* EXERCISE DETAILS
An exact copy of the data below is needed; please leave out any pictures.

* Source data
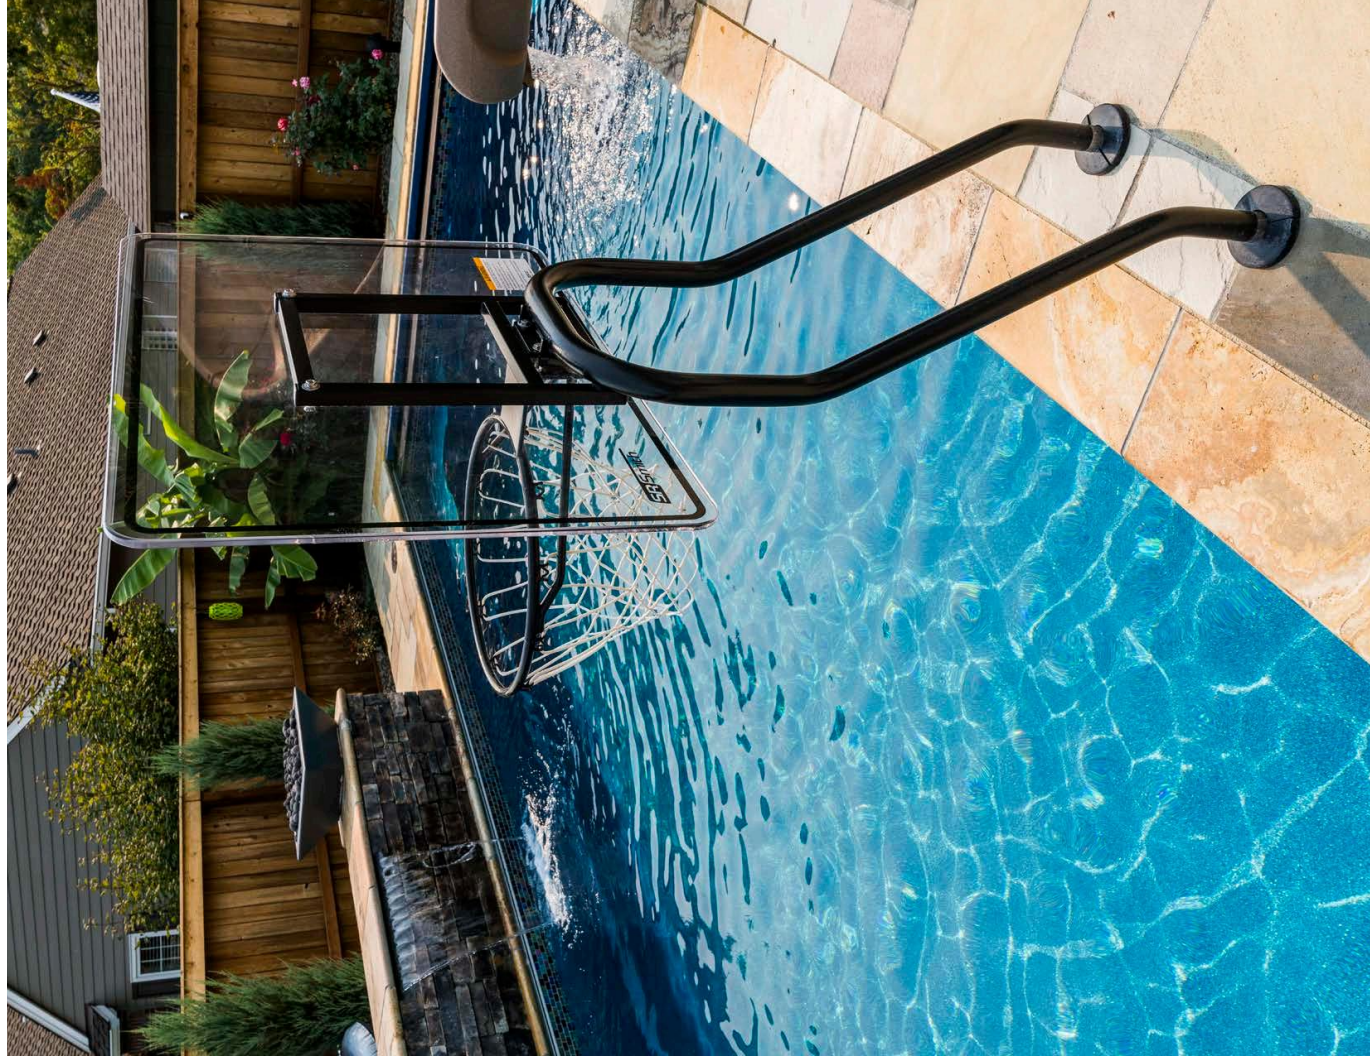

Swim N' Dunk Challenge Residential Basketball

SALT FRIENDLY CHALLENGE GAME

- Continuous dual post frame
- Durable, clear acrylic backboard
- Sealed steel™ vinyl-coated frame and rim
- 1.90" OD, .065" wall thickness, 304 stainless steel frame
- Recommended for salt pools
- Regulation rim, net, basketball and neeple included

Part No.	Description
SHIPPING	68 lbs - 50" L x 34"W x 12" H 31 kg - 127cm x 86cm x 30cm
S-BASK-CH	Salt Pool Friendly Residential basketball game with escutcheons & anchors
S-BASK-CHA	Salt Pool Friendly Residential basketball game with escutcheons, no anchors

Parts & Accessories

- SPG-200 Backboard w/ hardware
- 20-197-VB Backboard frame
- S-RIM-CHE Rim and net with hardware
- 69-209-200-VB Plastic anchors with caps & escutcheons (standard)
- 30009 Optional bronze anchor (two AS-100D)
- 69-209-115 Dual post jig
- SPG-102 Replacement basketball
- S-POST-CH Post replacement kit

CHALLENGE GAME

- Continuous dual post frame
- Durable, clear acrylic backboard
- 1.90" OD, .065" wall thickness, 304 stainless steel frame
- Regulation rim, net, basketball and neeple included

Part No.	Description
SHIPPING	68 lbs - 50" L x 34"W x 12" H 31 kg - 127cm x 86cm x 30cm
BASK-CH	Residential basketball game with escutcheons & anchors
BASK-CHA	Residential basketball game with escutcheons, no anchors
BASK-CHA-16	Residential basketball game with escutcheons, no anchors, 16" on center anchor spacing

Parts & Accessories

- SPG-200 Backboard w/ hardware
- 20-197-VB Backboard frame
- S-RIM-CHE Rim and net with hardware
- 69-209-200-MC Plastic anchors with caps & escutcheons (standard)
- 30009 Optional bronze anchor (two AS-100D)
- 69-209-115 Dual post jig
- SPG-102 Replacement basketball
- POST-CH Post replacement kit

* WRITTEN SOLUTION
Swim N' Dunk Challenge Residential Basketball

SALT FRIENDLY CHALLENGE GAME

- Continuous dual post frame
- Durable, clear acrylic backboard
- Sealed steel™ vinyl-coated frame and rim
- 1.90" OD, .065" wall thickness, 304 stainless steel frame
- Recommended for salt pools
- Regulation rim, net, basketball and neeple included

Part No.	Description
SHIPPING	68 lbs - 50" L x 34"W x 12" H 31 kg - 127cm x 86cm x 30cm
S-BASK-CH	Salt Pool Friendly Residential basketball game with escutcheons & anchors
S-BASK-CHA	Salt Pool Friendly Residential basketball game with escutcheons, no anchors

Parts & Accessories

- SPG-200 Backboard w/ hardware
- 20-197-VB Backboard frame
- S-RIM-CHE Rim and net with hardware
- 69-209-200-VB Plastic anchors with caps & escutcheons (standard)
- 30009 Optional bronze anchor (two AS-100D)
- 69-209-115 Dual post jig
- SPG-102 Replacement basketball
- S-POST-CH Post replacement kit

CHALLENGE GAME

- Continuous dual post frame
- Durable, clear acrylic backboard
- 1.90" OD, .065" wall thickness, 304 stainless steel frame
- Regulation rim, net, basketball and neeple included

Part No.	Description
SHIPPING	68 lbs - 50" L x 34"W x 12" H 31 kg - 127cm x 86cm x 30cm
BASK-CH	Residential basketball game with escutcheons & anchors
BASK-CHA	Residential basketball game with escutcheons, no anchors
BASK-CHA-16	Residential basketball game with escutcheons, no anchors, 16" on center anchor spacing

Parts & Accessories

- SPG-200 Backboard w/ hardware
- 20-197-VB Backboard frame
- S-RIM-CHE Rim and net with hardware
- 69-209-200-MC Plastic anchors with caps & escutcheons (standard)
- 30009 Optional bronze anchor (two AS-100D)
- 69-209-115 Dual post jig
- SPG-102 Replacement basketball
- POST-CH Post replacement kit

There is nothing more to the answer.